Me detuve ante la preciosa y gran muralla de piedras. Esta estructura que avergonzaría a cualquier noble con algún mínimo sentido del gusto o presunción de conocimientos exquisitos en arquitectura —Que solo sabrían diferenciar entre muy caro o extravagante — era mi único medio de libertad seguro.

Las grandes piedras de la montaña sobresalían al ser sobrepuestas, dejando huecos perfectos para las manos y los pies. Seguramente, el líder anterior de esta familia podrida, mando la construcción con este secreto diseño en caso de que los principales puntos de escape fueran sellados.
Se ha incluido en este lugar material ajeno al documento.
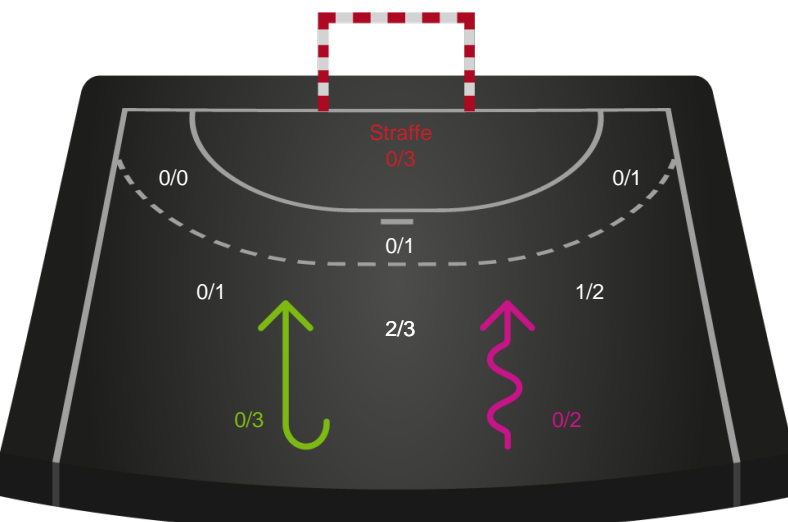

Shotplot for Anden halvleg

Skjern Håndbold - Ribe-Esbjerg HH - 25-20 (11-7)

327253 / 24.11.2021, 20.00 / Skjern Bank Arena bane 1 / HTH Herreligaen - Grundspil

Intet billede angivet

Skjern Håndbold

Redningsdiagram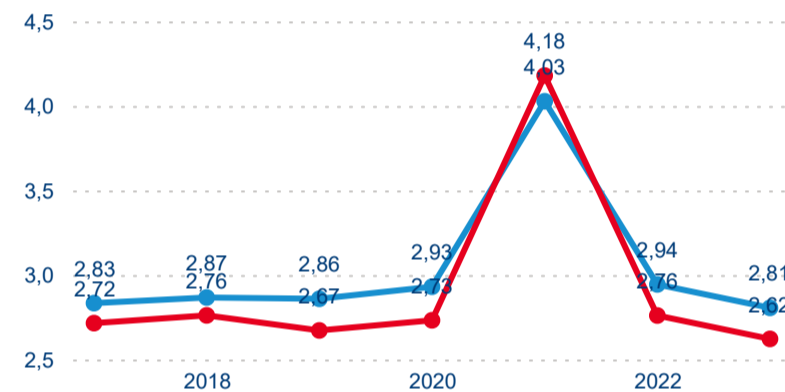

Meziroční změna v počtu přenocování 2023/2022

2,74

Průměrná doba pobytu (dny)

Počet příjezdů

Počet přenocování

Průměrná doba pobytu (dny)

Domáci a příjezdový CR

Legenda ● DCR ● PCR

Legenda ● DCR ● PCR

Legenda ● DCR ● PCR

Sezonální srovnání

Legenda ● 2017 ● 2018 ● 2019 ● 2020 ● 2021 ● 2022 ● 2023

Legenda ● 2017 ● 2018 ● 2019 ● 2020 ● 2021 ● 2022 ● 2023

Legenda ● 2017 ● 2018 ● 2019 ● 2020 ● 2021 ● 2022 ● 2023

—O solo es la mejor coincidencia de la vida que sea fácil de subir.

Sonreí alegre.

Con manos y pies me aferre a cada hueco, probando primero con mis manos que mis pies pudieran entrar, cuidándome de los agujeros resbalosos e ignorando las voces rabiosas y desesperadas a mi espalda.

La orilla está a mi vista, mis pies ya están ahí. Aprecio nuevamente el paisaje nevado, tentada a voltearme y mostrar una ceña obscena usando el dedo de en medio de mi mano, me abstengo, sigue siendo muy temprano para declarar la victoria.
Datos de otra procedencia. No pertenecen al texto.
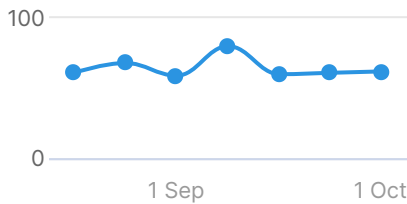

Grupo 7

Site Health

Páginas Rastreadas

500

- Íntegras (31)
- Quebradas (6)
- Com problemas (408)
- Redirecionadas (55)
- Bloqueadas (0)

Erros

62 +1

Advertências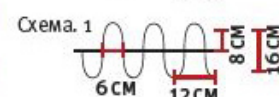

Используйте наши онлайн инструменты !

Вариант А, с расстоянием между бегунками 6 см

Волны-
это
легко!

Коэффициент сборки	Ширина, см	Расстояние до карниза и за карнизом, см	Раппорт, мм	Расстояние между крючками, см	Расстояние от края изделия до первого крючка, см
1:1,5 (Схема. 1)	7	3,5/3,5	90	9	5*
1:2,0	10	5/5	120	12	6
1:2,0	10	6/4	240	14/10	7
1:2,5 (Схема. 2)	13	6,5/6,5	150	15	8*
1:2,5	13	8/5	300	18/12	9
1:3,0 (Схема. 3)	16	8/8	180	18	9
1:3,0	16	10/6	360	22/14	11

* торцевые половины складок на 0,5 см больше глубины складки.

Схемы формирования волн: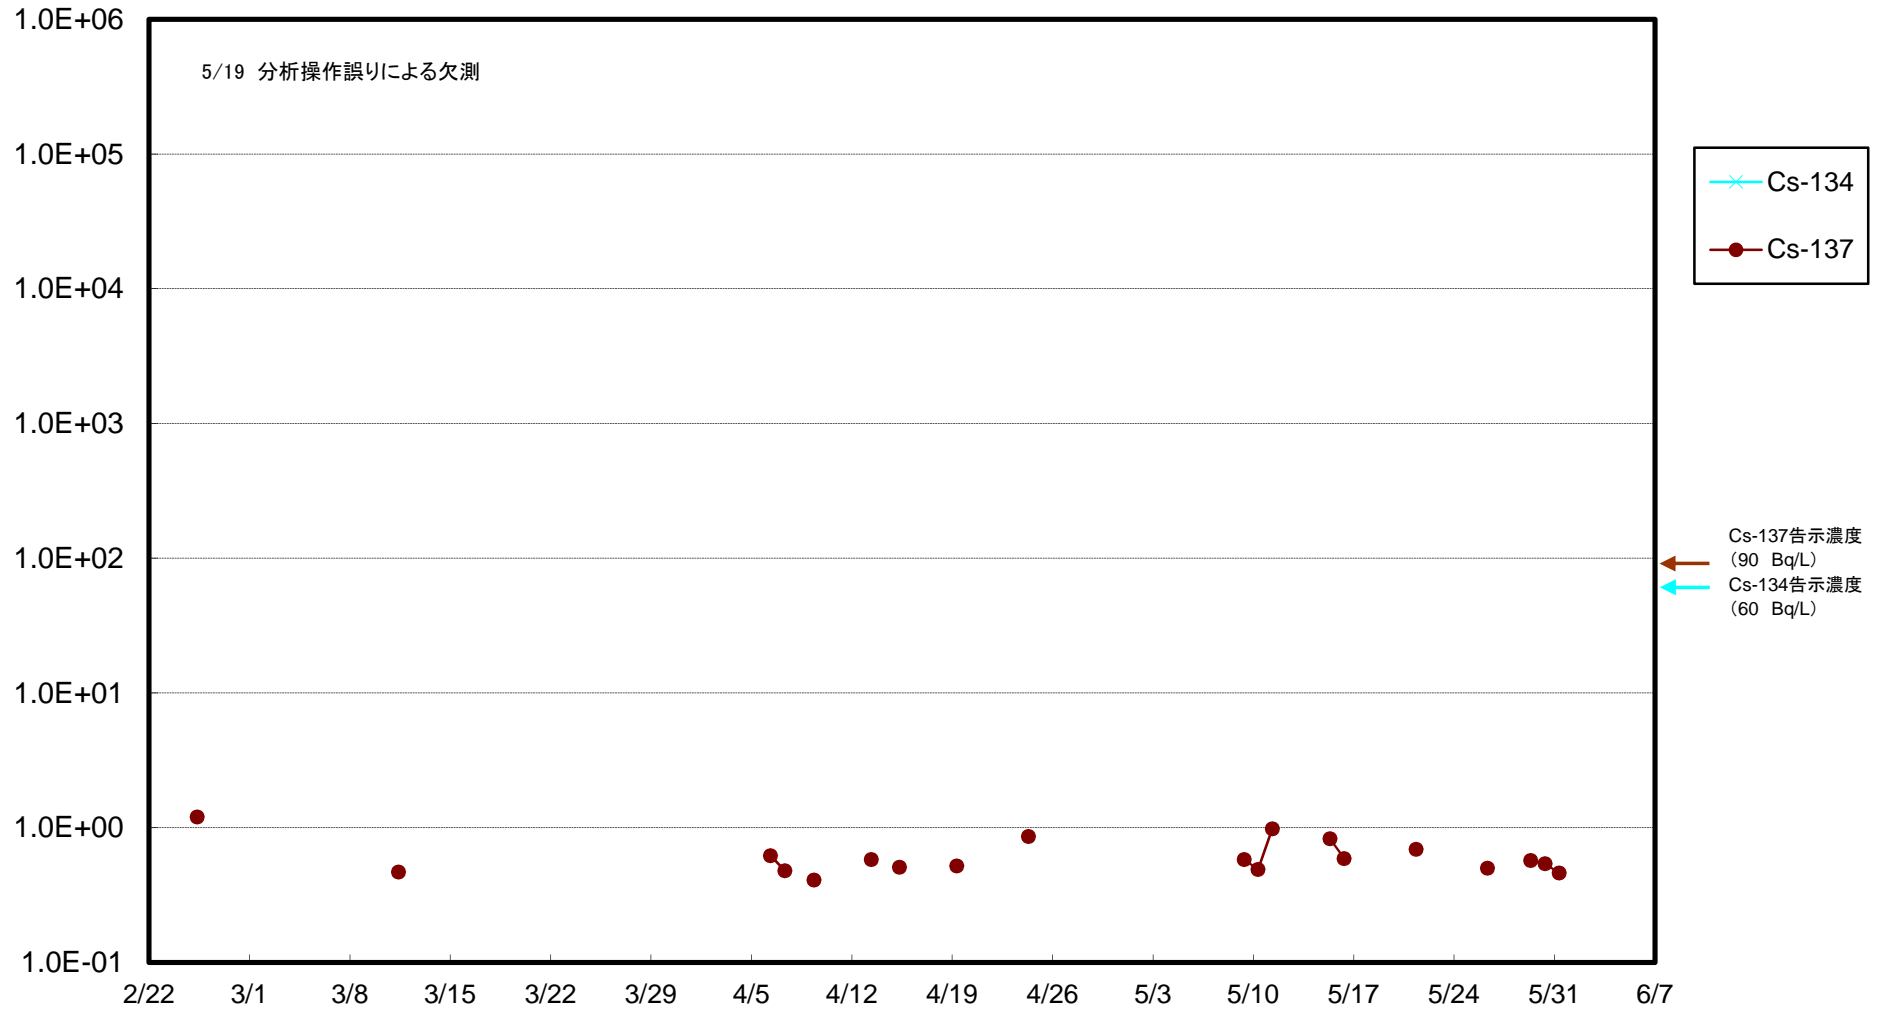

福島第一 物揚場前海水放射能濃度(Bq/L)

福島第一 1~4号機取水口内北側海水(東波除堤北側)放射能濃度(Bq/L)

福島第一 1~4号機取水口内南側(遮水壁前)海水放射能濃度(Bq/L)

福島第一 6号機取水口前海水放射能濃度(Bq/L)

# 福島第一 港湾口海水放射能濃度 (Bq/L)

Al menos un kilómetro de distancia y entonces, haría mi ceña obscena con el dedo.

Respire profundo y una corta exhalación, impulsándome desde mi rodillas y con fuerza en mis caderas, brinque, segura de que la nieve acumulada en tales cantidades diferentes al otro lado, suavizarían mi caída.

Caí, más o menos en blandito.

Me raspe por algunas piedras cubiertas, nada grave ni tampoco roto. Luego de que se bajara la adrenalina de la huida, sentiría los achaques de mis músculos y huesos, probablemente un par de moretones.

Sacudí el exceso de nieve, revisé que mis paquetes de ramas siguieran intactos y mi preciosa navaja sin enterrarse en mi pierna segura en su funda.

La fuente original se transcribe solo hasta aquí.